Ghosn sees long European slump unless region gets competitive
![]() | Ghosn: European market faces stagnation |
BOCHUM, Germany -- Renault CEO Carlos Ghosn said the European auto market won't recover before 2020 unless governments take action to make their economies competitive.
Renault sees the region's new-car sales falling 3 percent this year and isn't counting on growth for the next three or four years, Ghosn said.
Europe will only return to growth by 2020 if countries such as France, Spain and Italy take action to reform their inflexible labor laws like Germany did in the early part of the decade, he said.
"Otherwise I see stagnation for a very long time," Ghosn told a conference here on Tuesday held by the University of Duisburg-Essen's Center Automotive Research.
The CEO said he is optimistic that countries will make the necessary reforms "because they have no choice." The euro-zone debt crisis had accelerated trends that had been happening for decades in Europe with production and sales growth shifting from Western to developing markets, Ghosn said.
Last year, new-car registrations in the EU and EFTA countries fell 7.8 percent to 12.53 million cars, the lowest level since 1995, according to industry association ACEA. The Center Automotive Research predicts that sales will decline to 12.07 million this year and then rise to 12.61 million in 2014.
Professor Ferdinand Dudenhoeffer, head of the Center Automotive Research, said Europe will come back very slowly because of the economic problems in countries such as France, Italy, Spain and Greece. He said the economic situation needs to be stabilized before the auto industry can pull out of its slump.
Long-term trends
Fitch Ratings said on Wednesday that a recovery in new-car sales in Europe back to pre-crisis levels could take until the end of the decade, if it can be achieved at all.
"Structural factors and anecdotal evidence make it uncertain that sales will return to the 1999 peak of 15.1 million units. They suggest that European recovery will be slow at best and could follow the path of Japan, where vehicle sales have fluctuated since 1998 at 25 percent to 45 percent below their peak in 1990," Fitch said in a statement.
Fitch said cyclical factors, including weak consumer and corporate confidence, high unemployment and tighter credit conditions, are keeping buyers out of showrooms but the agency also cited a number of trends that will affect car sales:
Owners are keeping vehicles, which are increasingly reliable and robust, for longer and are driving shorter distances
The total cost of vehicle ownership has increased
Several large cities or countries have taken measures to limit or deter car usage
Surveys show a declining interest in cars from the younger generation.
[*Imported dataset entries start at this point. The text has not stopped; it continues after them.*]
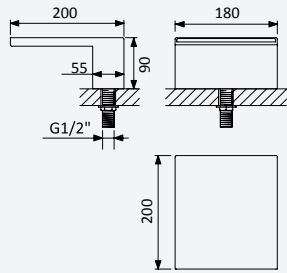

Bica de banheira em aço inox com cascata 180 mm - Flat

Stainless steel cascade bath spout 180 mm - Flat

Caño de bañera en acero inoxidable con cascada 180 mm - Flat

Cromado • Chrome	145 641 OCR	595,00 €
Satinox	145 641 OST	773,50 €
Night Sky	145 641 ONS	773,50 €
Pure White	145 641 OPW	773,50 €
Morning Mist	145 641 OMM	892,50 €
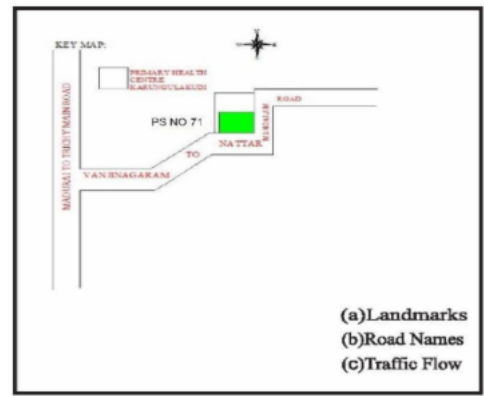

Google Map View

Polling Station Building Front View

Polling Station Front View

Cad View

Key MAP View

சட்டமன்றத் தொகுதியின் எண் மற்றும் பெயர் : 188-மேலூர் பிரிவு எண் மற்றும் பெயர் 1-வஞ்சிநகரம் (வ.கி) மற்றும் வஞ்சிநகரம் (ஊ), நெல்லுக்குண்டுப்பட்டி வார்டு 3

Manufacturers of small vehicles suited to urban conditions and with fuel-efficient engines are best placed to outperform the market, Fitch said. These vehicles should be well positioned to take advantage of people moving to suburbs not well connected by public transport and of the overall trend toward downsized vehicles and engines.
"It will be even more important to monitor the product mix as customers increasingly decide to keep a car but opt for a smaller or cheaper model," the statement said. "This is in line with our view of how the market is polarizing toward high-end brands on the one side and entry-level marques on the other."
Eastern Europe gives hope
Fitch said the expected outperformance of central and eastern European markets as they catch up with more developed European markets in terms of car density is likely to offset persistent weakness in western Europe and offer better prospects than in Japan.
Government intervention could also support sales at higher levels than underlying and fundamental demand, given the industry's importance to employment and in light of support given in the past.
Fitch said Europe's economy and new-vehicle sales can rebound more strongly than expected. It said auto sales in the United States recovered to 14.4 million units in 2012, up 13.4 percent from 2011 and 39 percent from 2009, in contrast to previous market assumptions and forecasts pointing to long-lasting depressed conditions.